Безусловно, заниматься проблемой машинного понимания естественного языка намного легче, чем соответствующей проблемой применительно к машинному зрению, прежде всего потому, что язык допускает письменное представление, т. е. можно работать с определенной цепочкой символов, выбираемых из очень ограниченного алфавита. Более того, подобные цепочки можно предъявлять вычислительной машине последовательно, точно так же, как они предстают перед читающим человеком. К тому же эти цепочки можно без малейших искажений сохранять в памяти. Но вопрос о том, что составляет визуальный символ, пусть даже самый примитивный, приводит к существенным проблемам из области синтаксиса и семантики.
Исследователь, задача которого - понять машинные английские тексты, выбирая определенные символы в качестве непроизводных элементов, т. е. не поддающихся анализу, не связывает себя в значительной степени с какой-либо исследовательской гипотезой или стратегией. Исследователь, занимающийся проблемами зрения, по существу, определяет основные черты своей исследовательской стратегии в тот момент, когда он, скажем, решает выбрать границы и углы в качестве элементов своего словаря непроизводных. Кроме того, он сталкивается с очень трудной задачей даже в том случае, когда ему просто требуется установить, что его машина "видит" границу. Поэтому, а также и потому, что лишь недавно телевизионные камеры были сочленены с вычислительными машинами, исследования, связанные с пониманием естественного языка вычислительными машинами, имеют в рамках искусственного интеллекта гораздо более длинную историю, чем работа по проблемам машинного зрения.
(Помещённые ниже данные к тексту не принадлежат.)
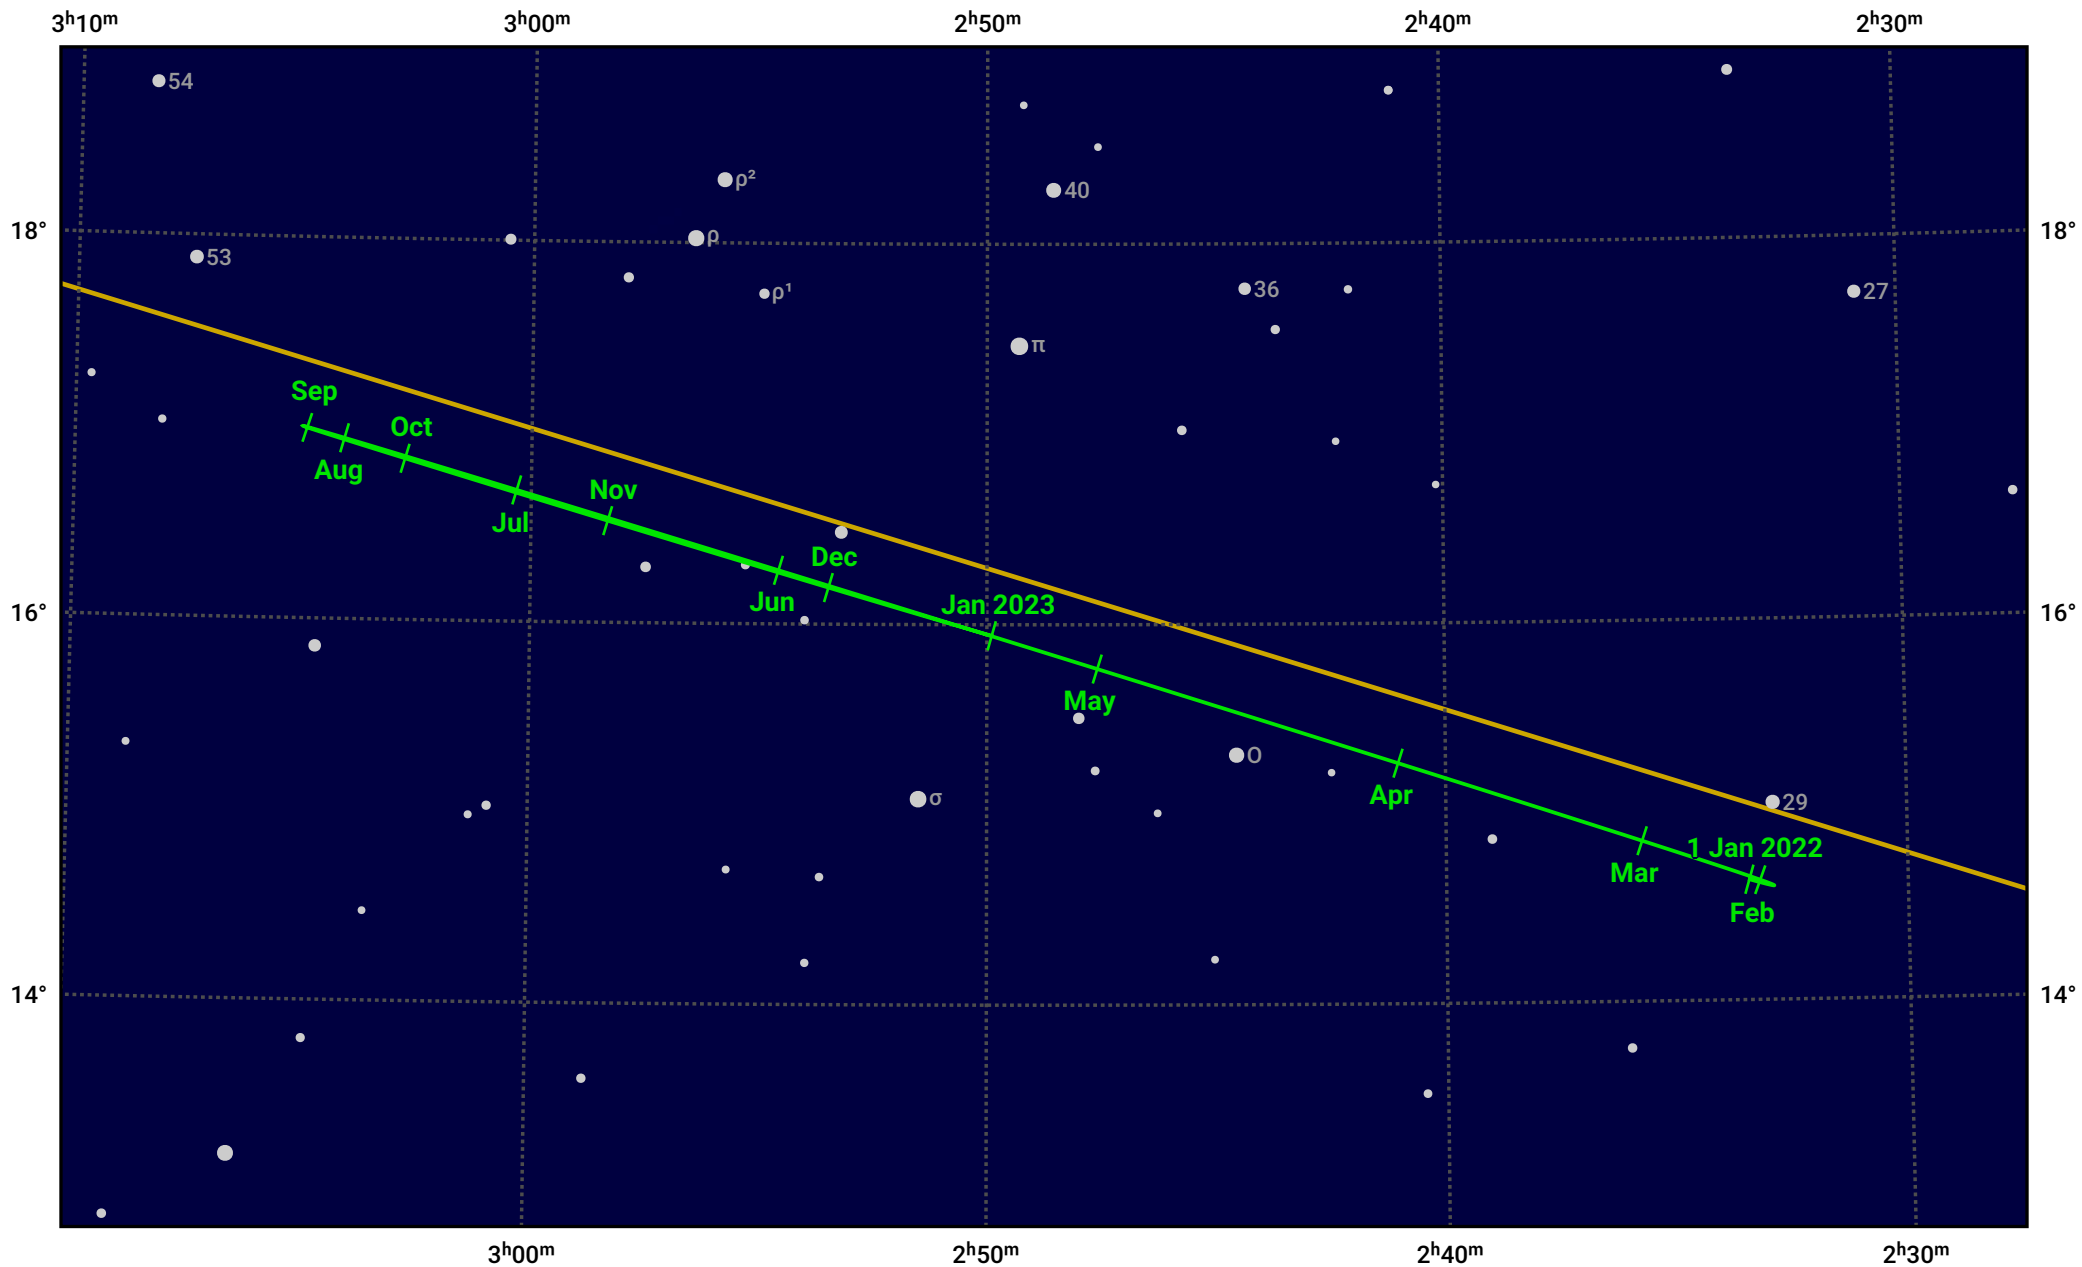

The path of Uranus in 2022

© Dominic Ford 2011–2023. Date markers placed at midnight UTC. Downloaded from <https://in-the-sky.org>

Magnitude scale: • 8.0 • 7.0 • 6.0 • 5.0

— Ecliptic Plane

- Galaxy
- Bright nebula
- Open cluster
- ⊕ Globular cluster

Date	Mag	Angular size
2022 Jan 1	5.7	3.7"
2022 Apr 1	5.9	3.4"
2022 Jul 1	5.8	3.5"
2022 Oct 1	5.7	3.7"
2023 Jan 1	5.7	3.7"

В современной истории вычислений много раз случалось так, что какое-то техническое достижение, связанное с аппаратной частью или программным обеспечением вычислительных машин, порождало эйфорию, фактически близкую к сущему помешательству. Когда системы, которые считались тогда большими вычислительными машинами, впервые стали работать более или менее надежно, многие вполне разумные во всех остальных отношениях люди пали жертвой того, что я назвал бы синдромом "теперь, поскольку у нас (наконец) есть X, мы можем сделать Y". В той ситуации X считались запоминающие устройства (память) очень большой емкости и с очень высокими скоростями вычислений, а Y был машинный перевод. (Я не буду приводить здесь ссылки - ведь эта лихорадка, поразившая "оступившихся", уже давно спала).
Первоначальное представление заключалось, как несколько позже сформулировал Роберт К. Линдсей, в том, что
"высококачественный перевод может осуществляться лишь машиной, оснащенной достаточно детализированными синтаксическими правилами, большим словарем и обладающей достаточной скоростью для изучения контекста неоднозначных слов на несколько слов в каждом направлении"1.
Вычислительные машины все еще не обеспечивают "высококачественный перевод".
Твердолобый догматик старой школы (если они еще сохранились) мог бы возразить, что мы все еще не располагаем "достаточно детализированными синтаксическими правилами" или "достаточной скоростью", позволяющими добиться желаемого результата. Однако истинная проблема состоит в том, возможна ли вообще подобная "достаточность". Позволят ли любой набор синтаксических правил, сколь детализированы бы они ни были, любая скорость вычислений и словарь любого размера добиться получения высококачественного перевода? Каждый серьезный исследователь согласится сегодня, что ответом на этот вопрос является "нет".
Перевод следует рассматривать как процесс, включающий два различных, но не вполне разделимых элемента: 1) переводимый текст должен быть понят; 2) должен быть получен текст на выходном языке.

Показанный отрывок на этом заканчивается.